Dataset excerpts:

☆ ☆ ☆ ☆ ☆ ☆ ☆

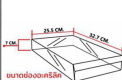

Kasemsiri
www.KSSFurniture.com

SD-202 W31.3xD33.5xH88 CM.
ตู้ลิ้นชัก 10 ช่อง

GRAY

CREAM
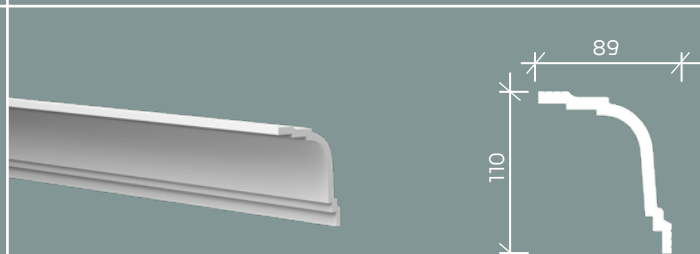

| размеры указаны в мм. длина — 2000 мм.

молдинг 6.51.322;  
молдинг 6.51.386;  
молдинг 6.51.301;  
молдинг 6.51.321;  
плинтус 6.53.109

карнизы

6.50.243

6.50.244

6.50.245

6.50.246

6.50.247

☆ ☆ ☆ ☆ ☆ ☆ ☆

Prompt: Every line above is to be repeated exactly, but no picture is to appear in the copy.

Solution for this problem:
Kasemsiri
www.KSSFurniture.com

SD-202 W31.3xD33.5xH88 CM.
ตู้ลิ้นชัก 10 ช่อง

GRAY

CREAM

| размеры указаны в мм. длина — 2000 мм.

молдинг 6.51.322;  
молдинг 6.51.386;  
молдинг 6.51.301;  
молдинг 6.51.321;  
плинтус 6.53.109

карнизы

6.50.243

6.50.244

6.50.245

6.50.246

6.50.247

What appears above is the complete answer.